What banking and lending executives believe about their AI readiness, and what the data shows
nCino released its inaugural AI in Banking Benchmark at nSight this month, surveying 150 senior technology and business decision-makers across U.S. banks and credit unions. The headline finding was that 89% of banking executives expect to be working alongside AI agents within five years. Sessions on the main stage reinforced the message: AI is no longer a future consideration, it’s an operational reality.
That framing is accurate, but it’s also incomplete. Further down in the same report is the finding that only 21% of respondents are currently tying their AI investments to increased revenue. Let’s investigate why that is.

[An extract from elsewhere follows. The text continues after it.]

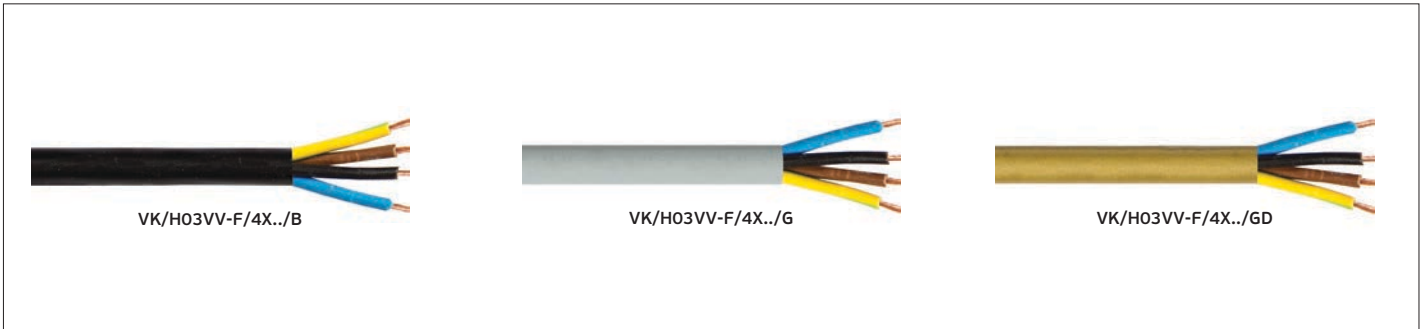

PVC Cables (Round) Electrical supplies

VK/H03VV-F/...

Confidence is high. So is the overwhelm.
The keynotes at nSight were optimistic, and understandably so. The Benchmark found that 84% of institutions say they are using AI at an enterprise level, 91% say they have a defined strategy, and executives broadly described AI as having already changed how their teams operate. On the main stage, the message echoed this sentiment, the industry has made its decision on AI and is moving forward.
The conversations happening away from the main stage told a more nuanced story. At the booth, over lunch, and in the hallways between sessions, a different mood surfaced. Practitioners were candid about feeling behind, uncertain about where to prioritize, and quietly unsure whether the platforms they had already invested in were delivering what had been promised. The enthusiasm was real, but so was the undercurrent of overwhelm.
That tension, between the confidence the industry projects and the uncertainty many practitioners feel, is worth taking seriously.